SSB claimed that this processing was lawful under the Norwegian Statistics Act duty to provide information, which states that ‘any person must provide the data that are necessary to develop, produce or disseminate official statistics if so ordered by Statistics Norway.’ SSB had undertaken data protection impact assessments with regard to this processing from January 2021 ad October 2021 to June 2022.

After one of the grocers complained to the regulator, they examined the impact reports. The regulator found that information about nearly all grocery purchases for everyone in Norway would be collected and stored indefinitely, without allowing the data subjects to exercise their rights (due to exceptions in the national regulations).

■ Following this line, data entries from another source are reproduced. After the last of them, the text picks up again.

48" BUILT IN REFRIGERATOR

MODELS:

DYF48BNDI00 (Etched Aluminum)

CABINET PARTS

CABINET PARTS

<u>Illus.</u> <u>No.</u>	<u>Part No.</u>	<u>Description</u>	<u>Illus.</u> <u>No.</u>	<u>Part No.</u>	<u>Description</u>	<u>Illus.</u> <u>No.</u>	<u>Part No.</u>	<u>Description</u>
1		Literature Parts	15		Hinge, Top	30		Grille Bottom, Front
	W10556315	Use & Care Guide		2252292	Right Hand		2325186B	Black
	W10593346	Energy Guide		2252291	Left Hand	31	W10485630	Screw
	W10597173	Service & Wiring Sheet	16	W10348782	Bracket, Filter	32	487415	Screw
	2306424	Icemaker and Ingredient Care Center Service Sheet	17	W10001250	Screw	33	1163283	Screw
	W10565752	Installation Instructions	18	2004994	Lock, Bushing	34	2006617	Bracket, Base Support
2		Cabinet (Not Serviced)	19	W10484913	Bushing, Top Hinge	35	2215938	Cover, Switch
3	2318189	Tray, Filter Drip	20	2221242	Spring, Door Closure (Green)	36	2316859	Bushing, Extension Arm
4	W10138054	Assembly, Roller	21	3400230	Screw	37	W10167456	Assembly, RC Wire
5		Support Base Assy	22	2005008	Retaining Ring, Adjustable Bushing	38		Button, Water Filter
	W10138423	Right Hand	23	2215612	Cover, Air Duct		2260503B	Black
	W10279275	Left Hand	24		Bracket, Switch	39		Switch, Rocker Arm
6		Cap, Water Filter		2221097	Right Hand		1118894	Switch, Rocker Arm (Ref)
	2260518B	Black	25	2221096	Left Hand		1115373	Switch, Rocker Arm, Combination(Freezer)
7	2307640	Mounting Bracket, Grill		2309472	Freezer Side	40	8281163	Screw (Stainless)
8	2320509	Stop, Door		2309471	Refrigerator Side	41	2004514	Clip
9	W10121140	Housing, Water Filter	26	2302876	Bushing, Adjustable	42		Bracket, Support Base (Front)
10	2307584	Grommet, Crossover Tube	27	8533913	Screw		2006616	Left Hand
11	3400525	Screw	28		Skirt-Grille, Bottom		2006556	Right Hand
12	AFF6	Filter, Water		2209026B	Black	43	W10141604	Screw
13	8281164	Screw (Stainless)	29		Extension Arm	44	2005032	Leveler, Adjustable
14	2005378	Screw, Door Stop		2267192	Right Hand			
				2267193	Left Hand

The Regulator found that despite operational independence, SSB was part of the Norwegian state, due to being funded from the national budget. This meant that SSB had to comply with the European Convention on Human Rights, including the right to privacy. The real-time, continuous nature of this processing was in breach of that right. Therefore, the regulator found that, in this context, SSB could not rely on the Norwegian Statistics Act as a legal basis to process the purchasing data, and doing so was in breach of the GDPR. The impact assessment were inadequate, and SSB had a sufficient understanding of data protection that it should have done better. Accordingly, the regulator banned SSB from further processing of purchase data taken real-time from point-of-sale systems.

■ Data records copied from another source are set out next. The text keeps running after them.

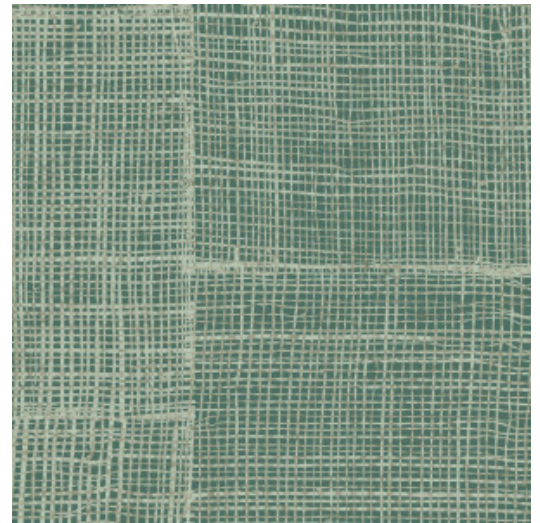

RABANE

Collection Essentials Totem

Story behind the collection

Tall. Taller. Tallest. Geometric shapes that have randomly been arranged, to create ever taller stacks. In many ways, these eye-catching designs resemble modern, abstract sculptures. They are reminiscent even of ethnic art from around the world, striking a pleasantly balanced note in any interior, thanks to the natural look of textile, woven grass and raffia.

Technical specifications

Reference	18920 • Malachite
Product category	Refined
Composition	Wallpaper on non-woven backing
Description	An interpretation of loosely woven strips of raffia, which have been sewn together to create an informal pattern
Dimensions	Rolls of 8.50 m x 0.70 m = 6 m ² (9.30 yds x 27.56" = 64 sq.ft.)
Pattern repeat	Free match 0 cm (0.00")
Adhesive	Arte Clearpro or a good quality dispersion adhesive
How to paste	Paste the wall
Light resistance	Good lightfastness
How to remove	Strippable
Fire retardant EU	B-s1, d0
Fire retardant US	Class A
Maintenance	Washable
IMO Certified	

0493/22

Colourways (5)

18920

18921

18922

18923

18924

View
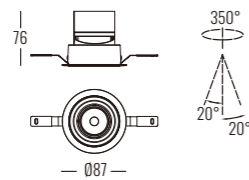

STATION series

9W / 18W / 24W / 48W / 35W / 70W

STATION series

RECESSED ADJUSTABLE DOWNLIGHT

Light Source	Power	Voltage	CCT	Beam Angle	Code
COB LED	9W	AC220-240V	3000K	15°	DL-9800-09-3015-P-C
				24°	DL-9800-09-3024-P-C
				36°	DL-9800-09-3036-P-C
COB LED	9W	AC220-240V	4000K	15°	DL-9800-09-4015-P-C
				24°	DL-9800-09-4024-P-C
				36°	DL-9800-09-4036-P-C
COB LED	9W	AC220-240V	5000K	15°	DL-9800-09-5015-P-C
				24°	DL-9800-09-5024-P-C
				36°	DL-9800-09-5036-P-C
COB LED	9W	AC220-240V	3000K	15°	DL-9800S1-09-3015-P-C
				24°	DL-9800S1-09-3024-P-C
				36°	DL-9800S1-09-3036-P-C
COB LED	9W	AC220-240V	4000K	15°	DL-9800S1-09-4015-P-C
				24°	DL-9800S1-09-4024-P-C
				36°	DL-9800S1-09-4036-P-C
COB LED	9W	AC220-240V	5000K	15°	DL-9800S1-09-5015-P-C
				24°	DL-9800S1-09-5024-P-C
				36°	DL-9800S1-09-5036-P-C
COB LED	2x9W	AC220-240V	3000K	15°	DL-9800S2-18-3015-P-C
				24°	DL-9800S2-18-3024-P-C
				36°	DL-9800S2-18-3036-P-C
COB LED	2x9W	AC220-240V	4000K	15°	DL-9800S2-18-4015-P-C
				24°	DL-9800S2-18-4024-P-C
				36°	DL-9800S2-18-4036-P-C
COB LED	2x9W	AC220-240V	5000K	15°	DL-9800S2-18-5015-P-C
				24°	DL-9800S2-18-5024-P-C
				36°	DL-9800S2-18-5036-P-C

Power Supply: P (1-On / Off 2-Phase Dim 3-DALI Dim 4-1-10V Dim)

Colour Finish: C (WW-White / White BB-Black / Black)

Controller: On / Off, Dimmable, Dali

DIMENSION unit:mm

DL-9800-09

DL-9800S1-09

DL-9800S2-18

Power Supply: P (1-On / Off 2-Phase Dim 3-DALI Dim 4-1-10V Dim)

Colour Finish: C (WW-White / White BB-Black / Black)

Controller: On / Off, Dimmable, Dali

DIMENSION unit:mm

DL-9800-15

DL-9800S1-15

DL-9800S2-30

Power Supply: P (1-On / Off 2-Phase Dim 3-DALI Dim 4-1-10V Dim)

Colour Finish: C (WW-White / White BB-Black / Black)

Controller: On / Off, Dimmable, Dali

DIMENSION unit:mm
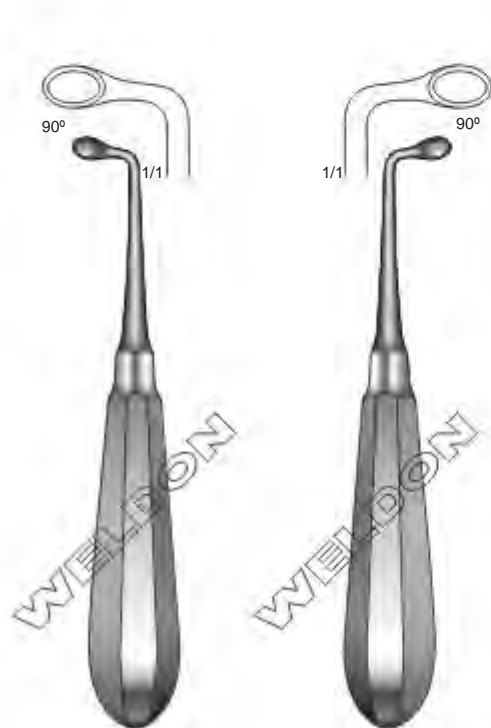

**Spinal Fusion Curettes**  
 23 cm / 9"  
 Reverse Angle

**Bruns Oval Cup Cruettes**  
 23 cm / 9"  
 Solid Hexagonal Handle  
 Straight

**Semmes (Howard) Spinal Curettes**  
 23 cm / 9", 4 x 7 mm Cup

**Daubenspeck**  
 20 cm / 8"

Cobb - Type Oval Cup Currettes  
27.9 cm / 11"  
Hollow, Knurled Handle  
Angled

Cobb - Type Oval Cup Currettes  
27.9 cm / 11"  
Hollow, Knurled Handle  
Straight

Siebenmann  
WS-191-144  
16 cm / 6 1/4"

UK ICO Investigating NHS Trust/Charity use of Meta Pixel

After an investigation by The Observer newspaper, it has come to light that 20 NHS Trusts and seven mental health charities used the Meta Pixel (a small piece of code that creates a transparent pixel on the webpage) to track usage on their respective websites. However, this tracking tool also transferred personal data about individuals (including sensitive health data) to Meta. Meta uses the data that the Pixel provides to improve its targeted advertising.

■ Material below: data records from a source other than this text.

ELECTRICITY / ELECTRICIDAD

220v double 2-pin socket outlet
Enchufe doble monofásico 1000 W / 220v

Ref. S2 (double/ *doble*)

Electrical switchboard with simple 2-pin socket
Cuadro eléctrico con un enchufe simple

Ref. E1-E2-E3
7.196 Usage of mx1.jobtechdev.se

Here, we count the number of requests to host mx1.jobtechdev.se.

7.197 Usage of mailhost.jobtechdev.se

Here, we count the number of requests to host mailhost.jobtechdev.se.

The Observer found that the quality of privacy policies on the charities’ websites varied considerably. Some did not even mention the use of the Meta Pixel. However, even where it was mentioned, data transferred occurred on loading the landing page, before the user had the chance to decline cookies. When a user clicked a link which referred to ‘support with abuse,’ ‘support with suicidal thoughts’ or ‘support with self-harm,’ the fact that that individual had clicked that link was then matched with the user’s IP address and often with their Facebook account ID, which made them easily identifiable.

All the NHS Trusts and most of the charities have now removed the Meta Pixel from their webpages. Facebook has stated that organisations should not use the Meta Pixel to collect or share sensitive data, and claims to have filters to weed out sensitive data it receives by mistake. However, past research in these filters has suggested they do not always work, and Facebook itself has admitted the system does not catch everything. The ICO has already opened a formal investigation into the NHS Trusts use of the Meta Pixel, and has ‘noted the new findings’ with regard to the charities’ use. A spokesperson for the ICO has said:

‘Organisations must provide clear and comprehensive information to users when using cookies and similar technologies, especially where sensitive personal information is involved. We are continuing to review the findings and to investigate the potential extent of any personal data collected and shared with third parties via the use of pixels.’